=== Begin Enclosure ===
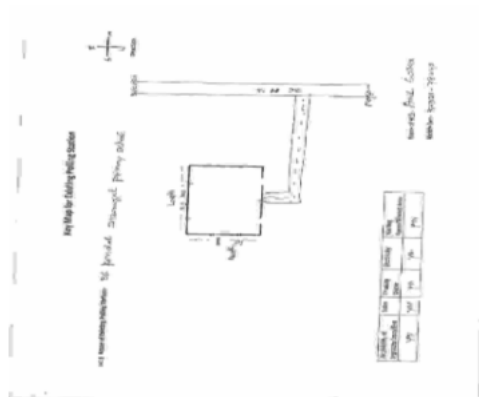

নিৰ্বাচক পঞ্জীয়ন বিষয়াৰ স্বাক্ষৰ

Nazri Naksha

Google Map View

Polling Station Building Front View

ভোটগ্ৰহন কেন্দ্ৰৰ সন্মুখৰ দৃশ্য

Cad View

Key MAP View

1 নাম : সঞ্জীৱ শইকীয়া পিতাৰ নাম: ভোগেশ্বৰ শইকীয়া ঘৰ নং : 1 বয়স : 33 লিঙ্গ : পুৰুষ	DYB0345686 ফটো উপলব্ধ	2 নাম : অঞ্জু কুমাৰ মুদৈ পিতাৰ নাম: সৰুমল মুদৈ ঘৰ নং : 2 বয়স : 55 লিঙ্গ : পুৰুষ	DYB7834584 ফটো উপলব্ধ	3 নাম : জ্যোতিৰেখা শইকীয়া স্বামীৰ নাম: অঞ্জু কুমাৰ মুদৈ ঘৰ নং : 2 বয়স : 46 লিঙ্গ : মহিলা	DYB7834595 ফটো উপলব্ধ
4 নাম : যদু শইকীয়া পিতাৰ নাম: মোহন চন্দ্ৰ শইকীয়া ঘৰ নং : 7 বয়স : 55 লিঙ্গ : পুৰুষ	DYB7834608 ফটো উপলব্ধ	5 নাম : দিপালী শইকীয়া স্বামীৰ নাম: যদু শইকীয়া ঘৰ নং : 7 বয়স : 44 লিঙ্গ : মহিলা	DYB7834619 ফটো উপলব্ধ	6 নাম : গোপাল শইকীয়া পিতাৰ নাম: সৰুমল মুদৈ ঘৰ নং : 8 বয়স : 55 লিঙ্গ : পুৰুষ	DYB7834631 ফটো উপলব্ধ
7 নাম : ববী শইকীয়া স্বামীৰ নাম: গোপাল মুদৈ ঘৰ নং : 8 বয়স : 40 লিঙ্গ : মহিলা	DYB7834642 ফটো উপলব্ধ	8 নাম : মৃদুশ্ৰী শইকীয়া পিতাৰ নাম: ভূবন শইকীয়া ঘৰ নং : 8 বয়স : 25 লিঙ্গ : মহিলা	DYB0500629 ফটো উপলব্ধ	9 নাম : পৰী মুদৈ পিতাৰ নাম: গোপাল মুদৈ ঘৰ নং : 4 বয়স : 23 লিঙ্গ : মহিলা	EMX0029587 ফটো উপলব্ধ
10 নাম : পাহি মুদৈ পিতাৰ নাম: গোপাল মুদৈ ঘৰ নং : 4 বয়স : 20 লিঙ্গ : মহিলা	EMX0071696 ফটো উপলব্ধ	# 11 নাম : ভূবন মুদৈ পিতাৰ নাম: সৰুমল মুদৈ ঘৰ নং : 5 বয়স : 52 লিঙ্গ : পুৰুষ	DYB7834653 ফটো উপলব্ধ	12 নাম : নিৰু শইকীয়া স্বামীৰ নাম: ভূবন মুদৈ ঘৰ নং : 5 বয়স : 48 লিঙ্গ : মহিলা	DYB7834664 ফটো উপলব্ধ
13 নাম : পলিন মুদৈ পিতাৰ নাম: মেহেঙা মুদৈ ঘৰ নং : 6 বয়স : 42 লিঙ্গ : পুৰুষ	DYB7834686 ফটো উপলব্ধ	14 নাম : ৰাজু শইকীয়া পিতাৰ নাম: পেলন শইকীয়া ঘৰ নং : 9 বয়স : 54 লিঙ্গ : মহিলা	DYB7834697 ফটো উপলব্ধ	15 নাম : পপি বৰুজ স্বামীৰ নাম: চন্দ্ৰ কান্ত শইকীয়া ঘৰ নং : 9 বয়স : 49 লিঙ্গ : মহিলা	DYB0430504 ফটো উপলব্ধ
16 নাম : বান শইকীয়া স্বামীৰ নাম: ৰাজু শইকীয়া ঘৰ নং : 9 বয়স : 48 লিঙ্গ : মহিলা	DYB7834700 ফটো উপলব্ধ	17 নাম : চন্দ্ৰকান্ত শইকীয়া পিতাৰ নাম: পেলন শইকীয়া ঘৰ নং : 9 বয়স : 48 লিঙ্গ : পুৰুষ	DYB7834711 ফটো উপলব্ধ	18 নাম : ধন্তি বৰা পিতাৰ নাম: থানুৰাম বৰা ঘৰ নং : 8 বয়স : 54 লিঙ্গ : পুৰুষ	DYB7834733 ফটো উপলব্ধ
19 নাম : ভান বৰা স্বামীৰ নাম: ধন্তি বৰা ঘৰ নং : 8 বয়স : 47 লিঙ্গ : মহিলা	DYB7834744 ফটো উপলব্ধ	20 নাম : প্ৰিয়ংকা বৰা পিতাৰ নাম: ধনটি বৰা ঘৰ নং : 8 বয়স : 21 লিঙ্গ : মহিলা	EMX0026542 ফটো উপলব্ধ	21 নাম : মহেন্দ্ৰ হাজৰীকা পিতাৰ নাম: ৰত্নেশ্বৰ হাজৰীকা ঘৰ নং : 9 বয়স : 60 লিঙ্গ : পুৰুষ	DYB7834777 ফটো উপলব্ধ
22 নাম : অঞ্জুলা হাজৰীকা স্বামীৰ নাম: মহেন্দ্ৰ হাজৰীকা ঘৰ নং : 9 বয়স : 55 লিঙ্গ : মহিলা	DYB7834788 ফটো উপলব্ধ	23 নাম : দিলীপ হাজৰীকা পিতাৰ নাম: ৰত্নেশ্বৰ হাজৰীকা ঘৰ নং : 9 বয়স : 55 লিঙ্গ : পুৰুষ	DYB7834799 ফটো উপলব্ধ	24 নাম : মিন হাজৰীকা স্বামীৰ নাম: দিলীপ হাজৰীকা ঘৰ নং : 9 বয়স : 48 লিঙ্গ : মহিলা	DYB7834802 ফটো উপলব্ধ
25 নাম : হিৰসীমা হাজৰীকা পিতাৰ নাম: দিলীপ হাজৰীকা ঘৰ নং : 9 বয়স : 22 লিঙ্গ : মহিলা	EMX0041863 ফটো উপলব্ধ	26 নাম : শিব কান্ত শইকীয়া পিতাৰ নাম: উমেশ্বৰ শইকীয়া ঘৰ নং : 10 বয়স : 60 লিঙ্গ : পুৰুষ	DYB7834813 ফটো উপলব্ধ	27 নাম : লখেমাই শইকীয়া স্বামীৰ নাম: শিব কান্ত শইকীয়া ঘৰ নং : 10 বয়স : 52 লিঙ্গ : মহিলা	DYB7834824 ফটো উপলব্ধ
28 নাম : টংকেশ্বৰ শইকীয়া পিতাৰ নাম: শিৱ কান্ত শইকীয়া ঘৰ নং : 10 বয়স : 30 লিঙ্গ : পুৰুষ	DYB1855341 ফটো উপলব্ধ	29 নাম : দুলাল শইকীয়া পিতাৰ নাম: মোহনচন্দ্ৰ শইকীয়া ঘৰ নং : 11 বয়স : 50 লিঙ্গ : পুৰুষ	DYB7834857 ফটো উপলব্ধ	30 নাম : চন্দ্ৰকান্ত শইকীয়া পিতাৰ নাম: মোহন চন্দ্ৰ শইকীয়া ঘৰ নং : 11 বয়স : 47 লিঙ্গ : পুৰুষ	DYB7834868 ফটো উপলব্ধ
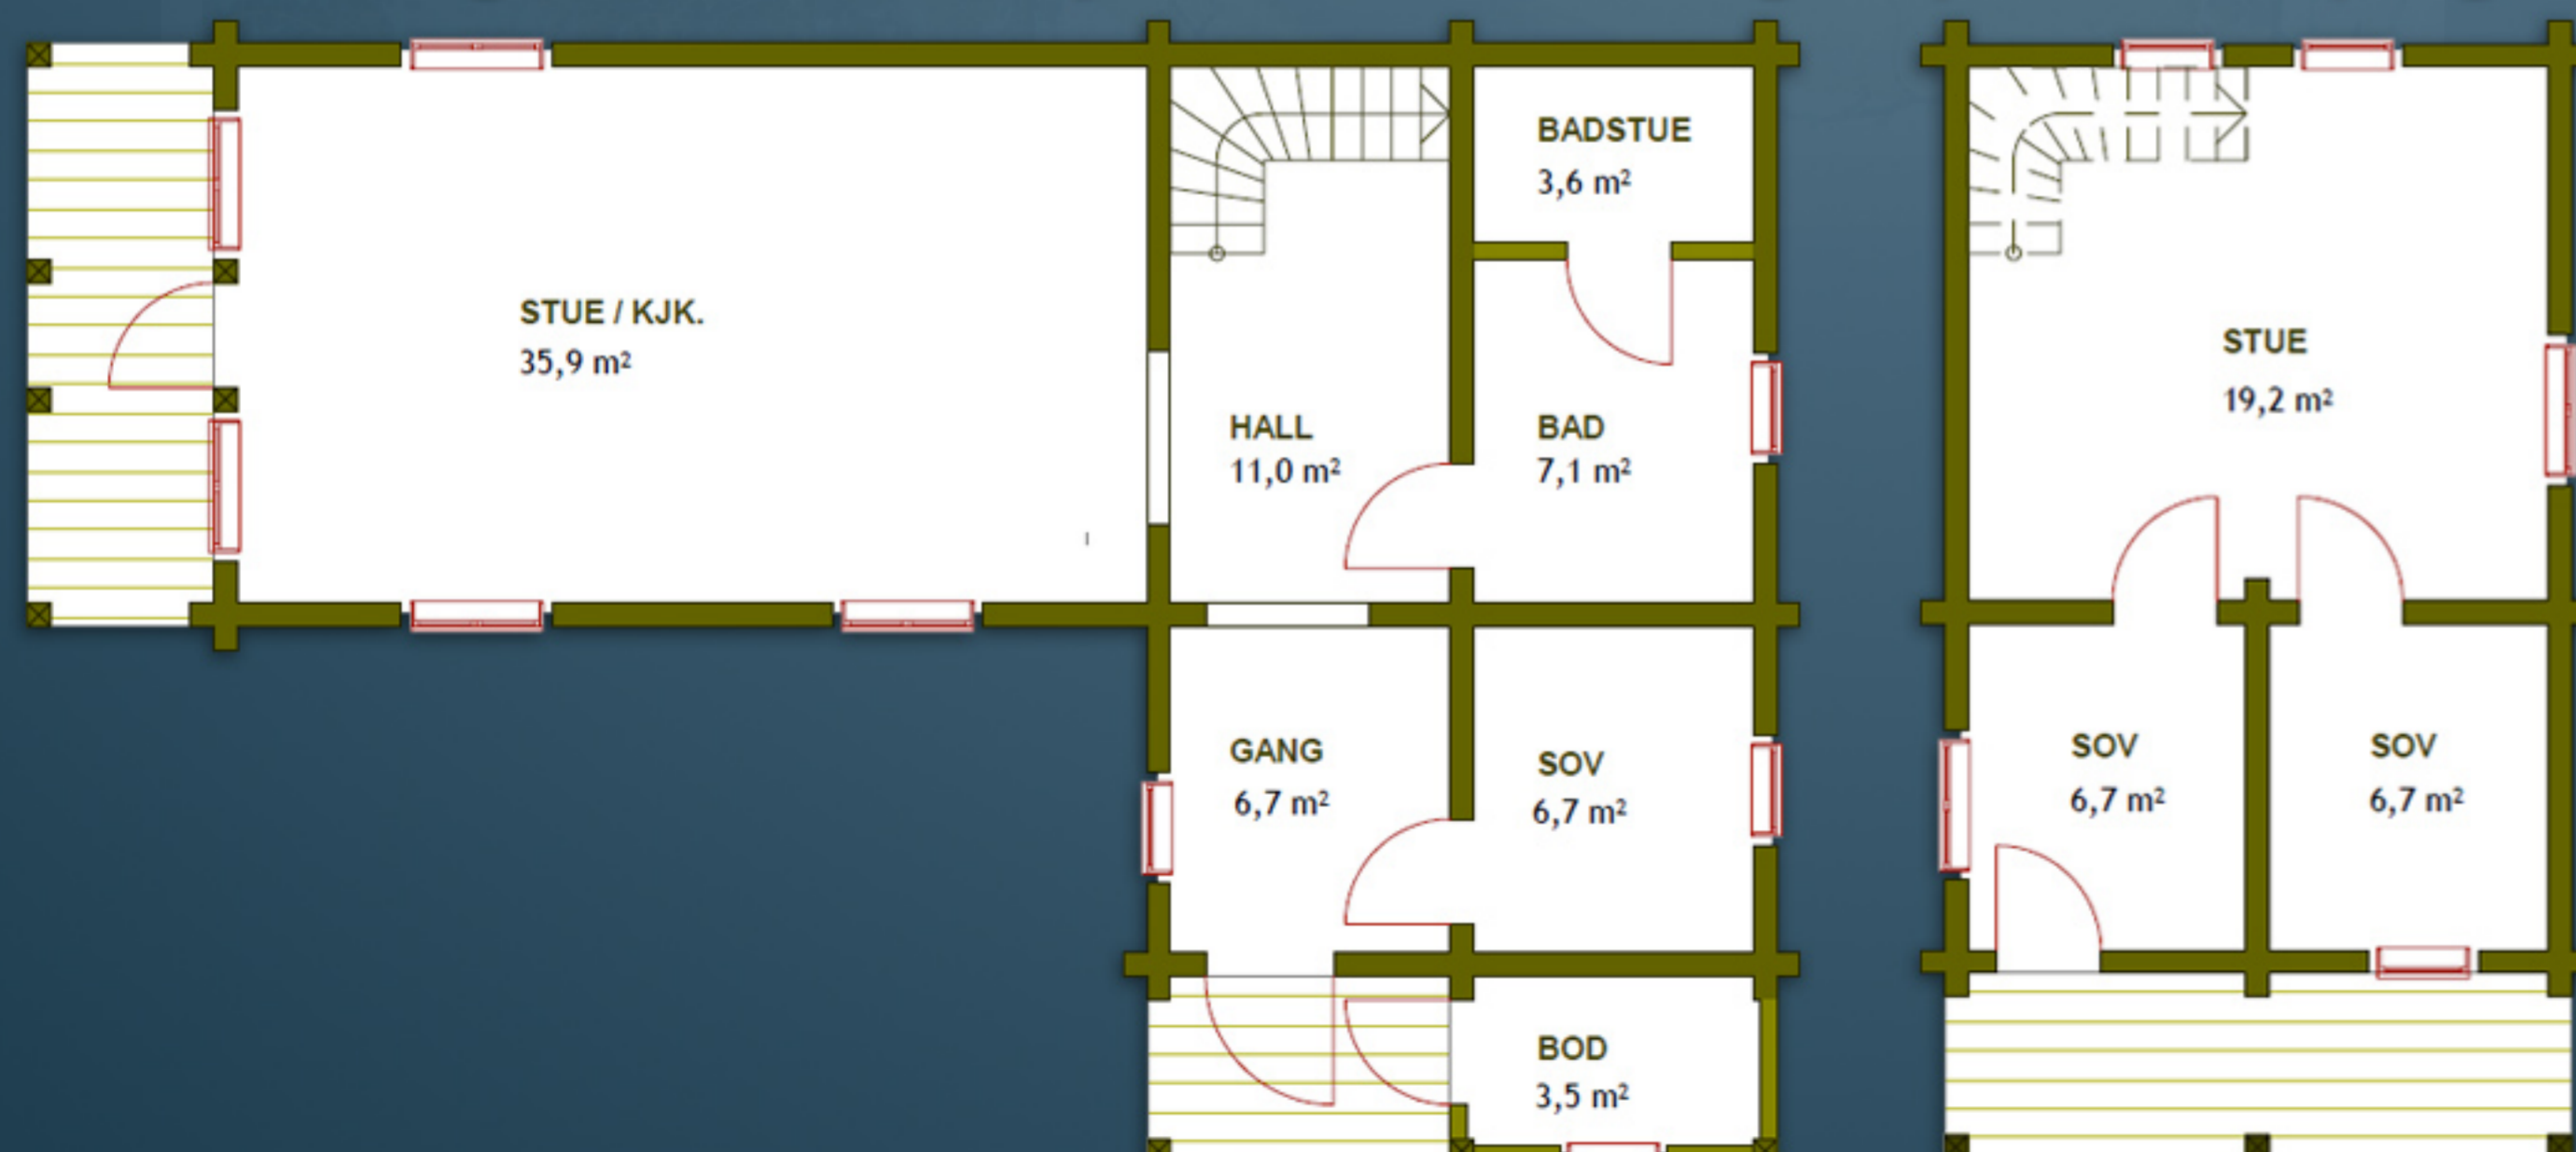

ÅSGÅRD HYTTA

Åsgård hytta er en fin og praktisk hytte, med god plass til hele familien.

Hytta har på sine 107 kvm i tillegg til en veldig koselig loftstue, fire soverom og et stort kombinert kjøkken og stue.

En egen sportsbod ved inngangsdøra danner fundamentet for en romslig terrasse i 2. etasje. Denne modellen gir mye areal for pengene.

Tregården Eiendom AS

LAFTEBYGG, FRITIDSHUS, & PROSJEKTUTVIKLING

Åsgård hytta

107 kvm

To plan

Stue / kjøkken + loftstue

Tre soverom

To boder

Badstu

FASADER
=== End Enclosure ===
Exercise brief => Go through the listing, and whenever a line contains the string "soverom", copy that line.

Solution =>
Hytta har på sine 107 kvm i tillegg til en veldig koselig loftstue, fire soverom og et stort kombinert kjøkken og stue.
Tre soverom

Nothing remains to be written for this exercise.